▶ _Try it_
Nothing but the lines from the start of the data through the line with "- **11 Warner Center Transit Hub**" should appear in the answer, each retyped exactly, and pictures should not.

[Records drawn from a dataset]
────────────────────
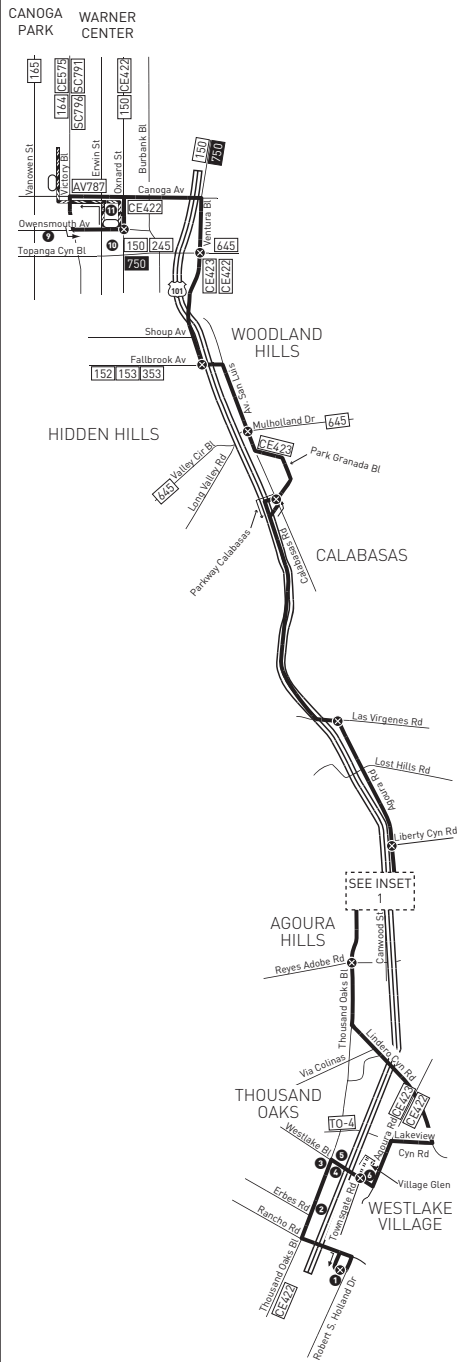

MAP NOTES

- **1 Thousand Oaks Transit Center**
  TO-1, 2, 4: VISTA East County, Hwy 101, Conejo Connection
- **2 Thousand Oaks Civic Arts Plaza**
- **3 North Ranch Mall**
- **4 Northgate Shopping Center**
- **5 The Promenade at Westlake**
- **6 Hyatt Westlake Plaza**
- **7 Twin Oaks Shopping Center**
- **8 Whizins Center**
- **9 Westfield Shoppingtown Topanga**
- **10 Westfield Shoppingtown Promenade**
- **11 Warner Center Transit Hub**
  Metro Bus 161, 164, 245, 645, 750, Orange Line, Conejo Connection, LD Warner Center; Nearby transfer to Metro Bus Lines 150, CE422

LEGEND

	Route of Line 161
	Weekday Shortline, Weekday and Holiday Turnaround loop
	Route of Orange Line
	Timepoint
	Metro Orange Line Station
	Antelope Valley Transit Authority
	LADOT Commuter Express
	LADOT Dash
	Santa Clarita Transit
	Thousand Oaks Transit
	Ventura Intercity Service Transit Authority

INSET MAP LEGEND

	Park/Ride Lots
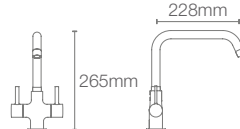

Deck-mount two-handle kitchen faucet in polished chrome

JULY™ | K-5243IN-4-CP
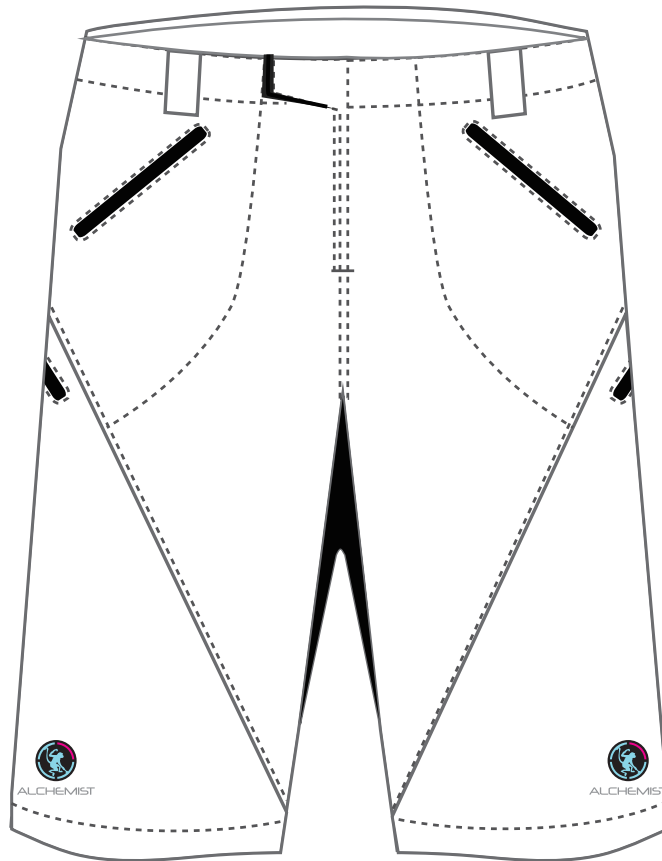

NORTH SHORE MTB Shorts

C Style, with 4.5 CM Power Band

CUSTOMER: _____

VERSION: 1

DESIGN REQUEST NUMBER: _____

DATE: 00 / 00 / 2016

www.TeamAlchemist.com

Alchemist@TeamAlchemist.com

ALCHEMIST

Please note that ALCHEMIST logo must appear on one of the side panels and on the rear belt loop for all the bottoms.

COLORS USED:

- This template can be edited with vector graphic software programs. Adobe Illustrator CS5 is recommended.
- All logos must be provided in vector format and all fonts must be converted into outline.
- The color on-screen may vary from the finished product. To confirm the color please refer to PANTONE® MATCHING SYSTEM FORMULA GUIDE Solid Coated.
- We will try the best to match the PANTONE® colors when printing, but exact matching cannot be guaranteed, due to variation in temperature, humidity and materials.
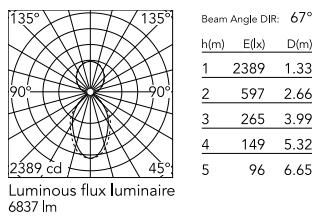

Physical

Colour	White
Trim	No
Orientation	Fixed
Length (mm)	2530
Net weight (kg)	11
IP internal	20
IP external	20

Download

Mounting instructions [↓ PDF](#)

Photometric Files

LDT / IES [↓ ZIP](#)

Technical Drawings

2D [↓ ZIP](#)

3D [↓ ZIP](#)

Schematic light drawing

Photometric

Lighting type	Direct, Indirect
Light distribution	Asymmetric
CCT (K)	4000
CRI>	80
Beam angle C0-180 (°)	67
Beam angle C90-270 (°)	76
UGR _L	<19
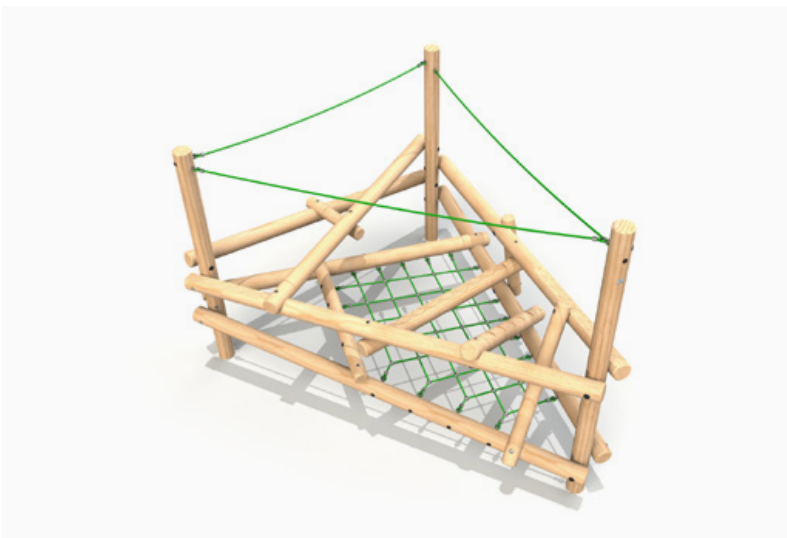

£12,983.00 Excl. VAT

Clamber Stacks

MIDI

Length : 2510mm
Width : 2295mm
Height : 1800mm
Free Fall Height : 900mm

Product Features:

- Climb Nets
- Scramble Logs
- Balance Beams
- Support Ropes
- Uniquely Patterned Timbers

£4,999.00 Excl. VAT

CLAMBERSTACK 2

Length : 3965mm
Width : 3051mm
Height : 2700mm
Free Fall Height : 1500mm

Product Features:

- Climb Net
- Scramble Logs
- Balance Beams
- Support Ropes
- Uniquely Patterned Timbers

£6,544.00 Excl. VAT

CLAMBERSTACK 3

Length : 5462mm
Width : 3982mm
Height : 2700mm
Free Fall Height : 1500mm

Product Features:

- Climbing Posts
- Climb Nets
- Scramble Logs
- Balance Beams
- Support Ropes
- Uniquely Patterned Timbers

£11,599.00 Excl. VAT

CLAMBERSTACK 3 With Stainless Steel Slide

Length : 9979mm
Width : 9542mm
Free Fall Height : 1600mm

Product Features:

- Climbing Posts
- Climb Nets
- Scramble Logs
- Balance Beams
- Support Ropes
- 1.0 Steel Slide
- Uniquely Patterned Timbers
────────────────────
▶ _Answer space_
MAP NOTES

- **1 Thousand Oaks Transit Center**
  TO-1, 2, 4: VISTA East County, Hwy 101, Conejo Connection
- **2 Thousand Oaks Civic Arts Plaza**
- **3 North Ranch Mall**
- **4 Northgate Shopping Center**
- **5 The Promenade at Westlake**
- **6 Hyatt Westlake Plaza**
- **7 Twin Oaks Shopping Center**
- **8 Whizins Center**
- **9 Westfield Shoppingtown Topanga**
- **10 Westfield Shoppingtown Promenade**
- **11 Warner Center Transit Hub**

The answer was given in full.